Thème
La Franc-Maçonnerie dans l'optique de la philosophie des Lumières
L'auteur de ce texte est Günther Fritz, de la loge Zur Windrose, à Sargans. Il a paru dans la revue Alpina de février 2011. La traduction française a été effectuée par Philippe Vauthier, ancien Grand Maître adjoint de la GLSA.
Les francs-maçons que nous
sommes se situent en droite ligne dans la
philosophie des Lumières, et ceci même en
partant de deux points de vue différents. En
premier lieu, nos rituels et nos symboles
trouvent leur origine dans la maçonnerie
opérative des tailleurs de pierre. Nombre
d'entre eux étaient des constructeurs inspirés
de cathédrales et d'autres édifices religieux.
Ces constructeurs ont ainsi réalisé -
essentiellement entre le XIe et le XIVe siècle -
des ouvrages d'une valeur que l'on peut
qualifier d'éternelle et d'un contenu symbolique
impressionnant.
On ne peut pas se représenter
la culture européenne en faisant abstraction de
ces constructions à caractère religieux. Selon
mon opinion, leurs concepteurs et leurs
réalisateurs étaient profondément imprégnés d'un
esprit ouvert et éclairé. Par ailleurs, nous
représentons les successeurs des premiers maçons
spéculatifs qui, par la suite, furent admis en
nombre sans cesse croissant dans les ateliers
des maçons opératifs, ceci spécialement aux XVIe
et XVIIe siècles. La date exacte du passage des
corporations de tailleurs de pierre à la
maçonnerie spéculative ne peut être fixée de
façon définitive.

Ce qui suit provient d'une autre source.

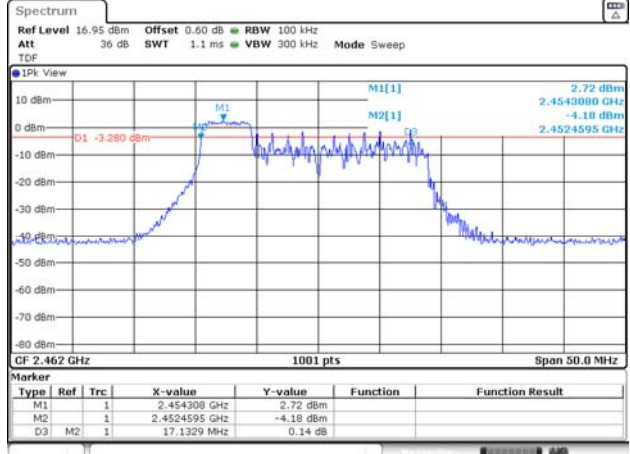

ANT 2

RU offset 37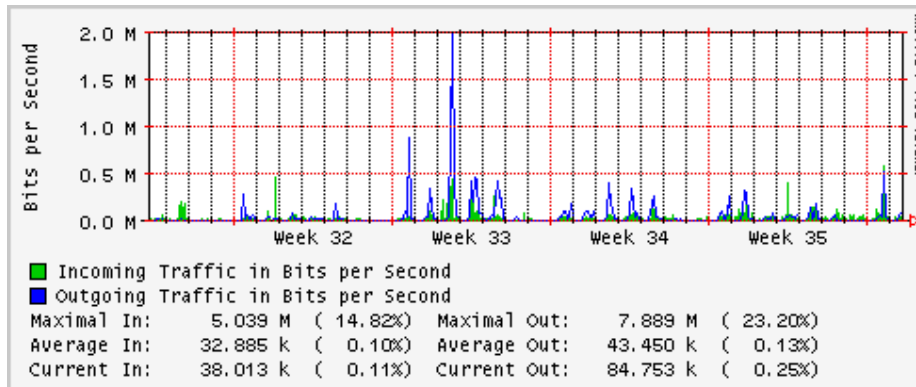

Utilización de los enlaces en el nodo Monterrey (Telmex) correspondientes al mes de Julio 2009

PVC hacia Guadalajara

PVC hacia Juárez

PVC hacia Monterrey Axtel

PVC hacia UANL

PVC hacia ITESM-MTY

Utilización de los enlaces en el nodo Monterrey (Axtel) correspondientes al mes de Julio 2009

Enlace hacia Monterrey (Telmex)

Enlace hacia México (Axtel)

Enlace hacia UAL

Enlace hacia UAT

Utilización de los enlaces en el nodo Juárez correspondiente al mes de Julio 2009

PVC a Monterrey

Enlace hacia la UACJ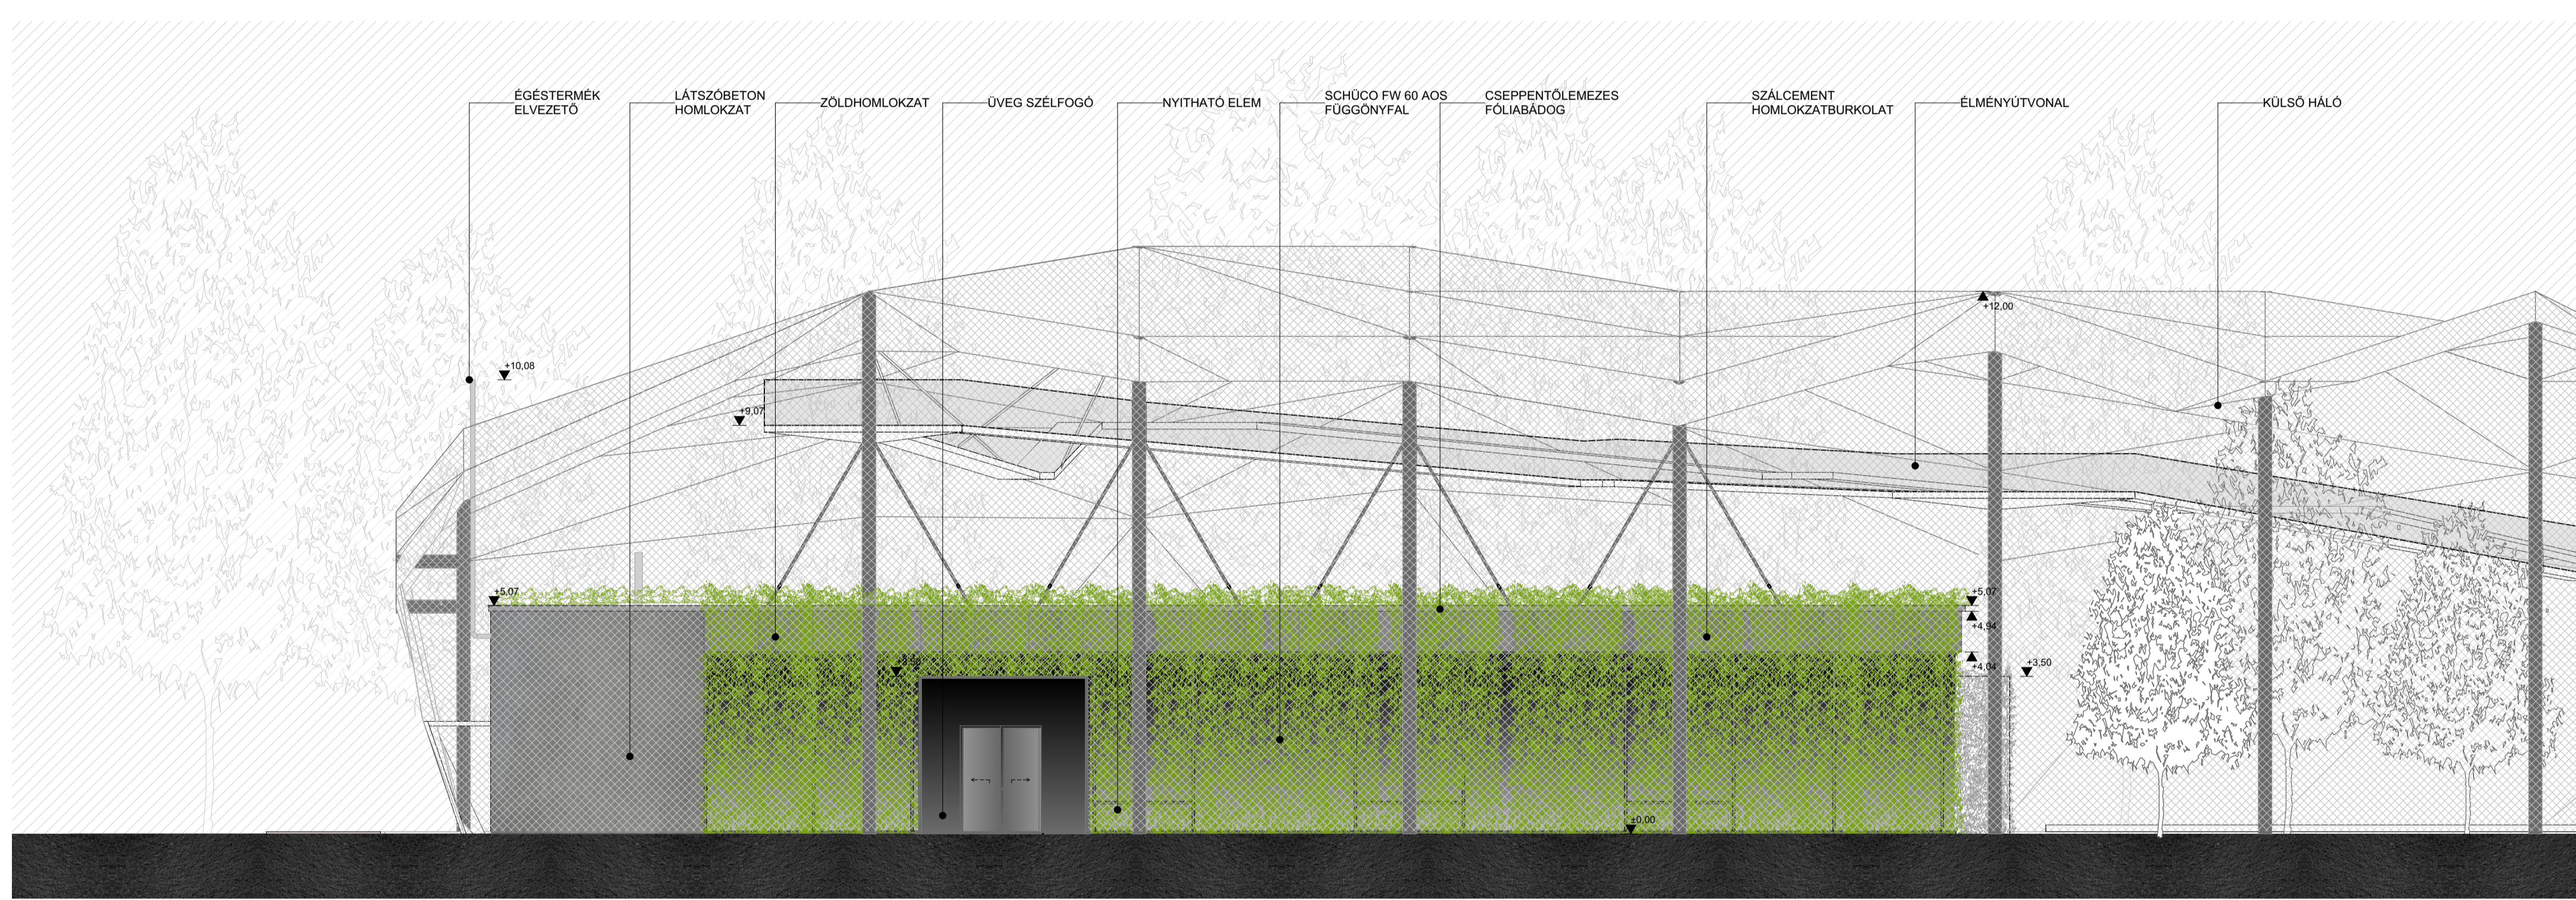

DNY-I HOMLOKZAT M=1:100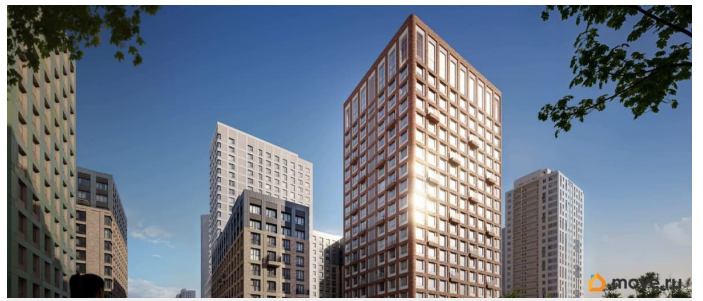

Квартал 2 | Секция А, этаж 9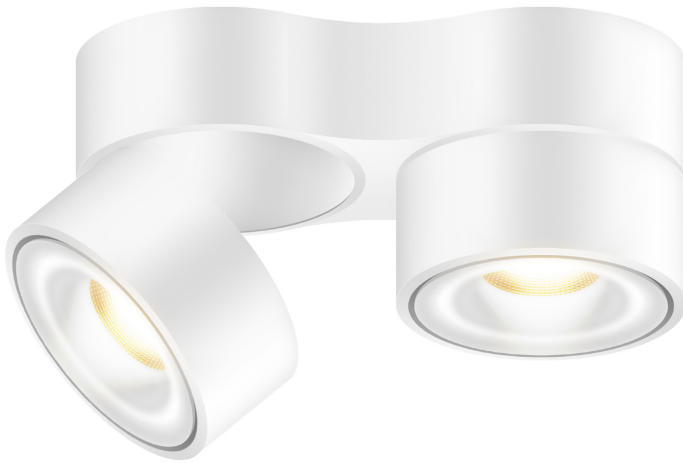

BRUCK.

VITO

VITO 100 DUO SPOT 50° LV C

101306ws

LED

Prix 349,00 € TVA incluse

Angle de rayonnement

50°

Variant

VITO 75 DUO SPOT 50° LV C (Indispon

Deckenanbau (C)

100mm

Couleur du corps

System

Spécification

101306ws

peint en blanc

28 Wattage

2000 K

2400 lm

CRI 90

230 Volt

Phasenabschnitt (C)

[Montage pdf](#)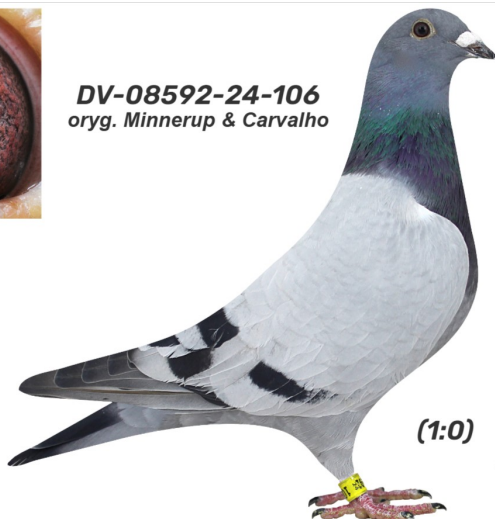

Rodowód gołębia

DV-08592-24-106

oryg. Minnerup & Carvalho

German Team

tel.: 511 607 710 www.naszehodowle.pl

DV-08592-24-106
oryg. Minnerup & Carvalho

(1:0)

_____ ♂

_____ ♀

♂ _____

_____ ♀

♂ _____

_____ ♀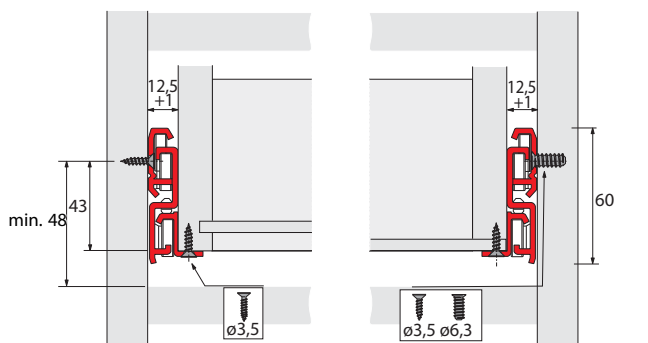

Meer dan volledig uittrekbare geleider voor houten schuiflades
 Rolgeleider FR 6142
 Belastbaarheid 50 kg

- Aan beide zijden gedwongen geleiding meer dan volledig uittrekbare geleider
- Voor opliggende montage
- Geïntegreerde automatische terugloop
- Automatische tolerantiecompensatie + 2 mm
- Poedergespoten staal, wit of bruin
- Uithefborging en arrêteerbare middengeleider

Lengte van de schuiflade mm	Minimum kastdiepte mm	Meer dan volledig uittrekbare geleider OE mm	Gatafstand mm				wit	Bestelnr. bruin	VE
			b1	b2	b3	b4			
250	255	10	-	-	-	-	0 041 633	-	1/4 sets
300	305	15	96	-	-	-	0 041 635	-	1/4 sets
350	355	15	96	64	-	-	0 041 637	0 041 636	1/4 sets
400	405	30	96	96	-	-	0 041 639	0 041 638	1/4 sets
450	455	30	96	128	-	-	0 041 641	0 041 640	1/4 sets
500	505	30	96	128	64	32	0 041 643	0 041 642	1/4 sets
550	555	30	96	128	128	-	0 041 645	0 041 644	1/4 sets
600	605	30	96	128	128	-	0 041 647	0 041 646	1/4 sets
650	655	30	224	224	-	-	0 041 649	-	1/4 sets
700	705	30	224	256	-	-	0 041 651	-	1/4 sets
750	755	30	224	256	-	-	0 041 653	-	1/4 sets
800	805	30	224	256	128	-	0 041 655	-	1/4 sets

Afmetingen mm	Bestelnr.	VE
 ø 6,3 x 10,5	0 051 264	200
 ø 6,3 x 14	0 051 265	200
 ø 3,5 x 12	9 079 791	200
 ø 3,5 x 16	0 071 925	200

Montage

Verwerkingstechniek zie groep 2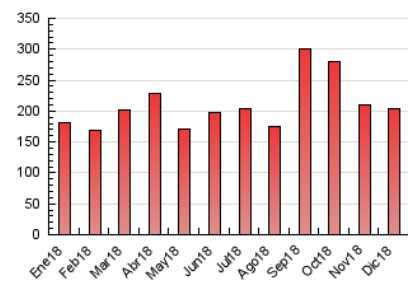

Páginas (x 1000)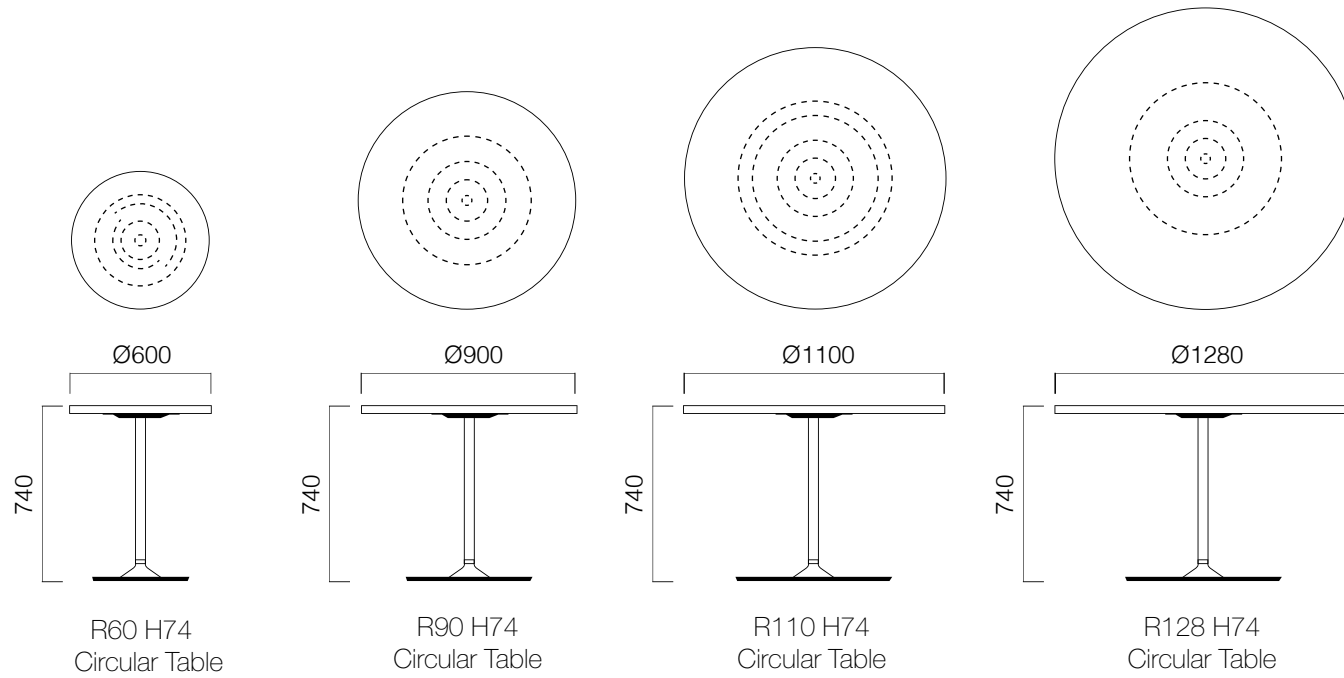

DIMENSIONS (mm)

Tau Circular Tables

Tau Elliptical Tables

Tau Square Tables

DIMENSIONS (mm)

Tau Rectangle Tables

W80X120 H74  
Rectangle Table

W90X140 H74  
Rectangle Table

W90X200 H74  
Rectangle Table

W110X200 H74  
Rectangle Table

DIMENSIONS (mm)

Tau Bistro Tables

DIMENSIONS (mm)

Tau Coffee Tables

[nurus.com/tau](https://nurus.com/tau)

La fondation de la première
Grande Loge anglaise – en 1717 - constitue
cependant le début officiel de la maçonnerie
spéculative. Les loges regroupées au sein de
celle-ci ont contribué de manière essentielle à
former le caractère de ce qui allait devenir le
siècle des Lumières, et ceci en dehors de toute
contrainte ou restriction de caractère étatique
ou religieux. Et, inversement, la philosophie
des Lumières a largement contribué à l'éclosion
d'une pensée libre et responsable au sein de
l'espace privé et discret des Loges. Nombreux
sont les grands esprits se prévalant de la
philosophie des Lumières qui étaient également
francs-maçons.
«Sapere aude» : la
devise de la philosophie des Lumières
Selon l'interprétation que
Kant en a faite, «sapere aude» signifie «aie le
courage d'utiliser ton propre entendement».
Cette citation trouve sa source dans l'essai
publié en 1784 par Emmanuel Kant (1724-1804)
sous le titre Réponse à
la
question: Qu'est-ce que la
philosophie des
Lumières ?
Dans cette contribution, publiée
dans l'édition de décembre de cette année-là de
la Berlinischen
Monatsschrift, Kant
répondait à la question posée par le pasteur
Johann Friederich Zöllner
Qu'est-ce que les Lumières ?
publiée une année
auparavant dans la même revue. Dans son essai,
Kant fait figurer sa définition restée célèbre
de la philosophie des Lumières : «La philosophie
des Lumières représente la sortie de l'être
humain de son état - dont il est le seul
responsable - de mineur aux facultés limitées.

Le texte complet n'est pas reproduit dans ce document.